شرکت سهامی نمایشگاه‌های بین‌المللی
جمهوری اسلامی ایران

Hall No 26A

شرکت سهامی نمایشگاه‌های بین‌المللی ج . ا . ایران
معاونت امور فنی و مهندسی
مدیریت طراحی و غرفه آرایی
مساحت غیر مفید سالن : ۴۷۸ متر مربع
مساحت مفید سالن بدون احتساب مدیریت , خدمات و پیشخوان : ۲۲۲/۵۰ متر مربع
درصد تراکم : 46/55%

◆ ◆ ◆ ◆ ◆ ◆ ◆

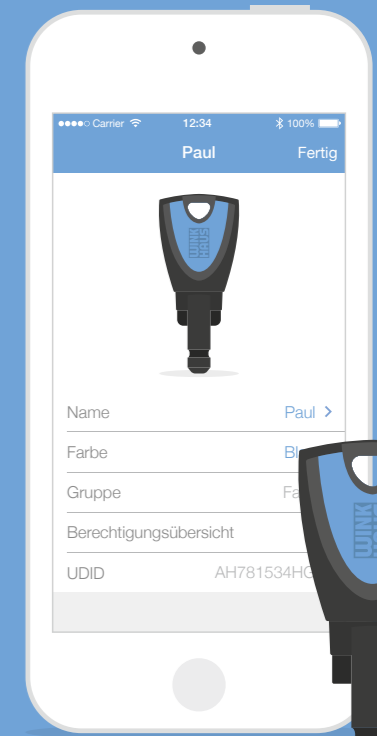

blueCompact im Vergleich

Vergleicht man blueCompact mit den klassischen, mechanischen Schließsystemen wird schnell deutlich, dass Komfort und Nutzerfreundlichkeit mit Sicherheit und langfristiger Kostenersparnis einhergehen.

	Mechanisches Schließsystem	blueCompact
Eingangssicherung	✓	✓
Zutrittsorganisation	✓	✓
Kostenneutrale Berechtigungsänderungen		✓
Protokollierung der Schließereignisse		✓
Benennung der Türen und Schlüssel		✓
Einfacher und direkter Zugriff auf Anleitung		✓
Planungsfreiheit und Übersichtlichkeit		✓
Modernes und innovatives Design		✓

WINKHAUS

◆ ◆ ◆ ◆ ◆ ◆ ◆

## Requirement
Starting at the line with "مساحت مفید سالن" and ending at the line with "درصد تراکم : 46/55%", print each line of the listing above exactly, with no other lines.

## Result of this task
مساحت مفید سالن بدون احتساب مدیریت , خدمات و پیشخوان : ۲۲۲/۵۰ متر مربع
درصد تراکم : 46/55%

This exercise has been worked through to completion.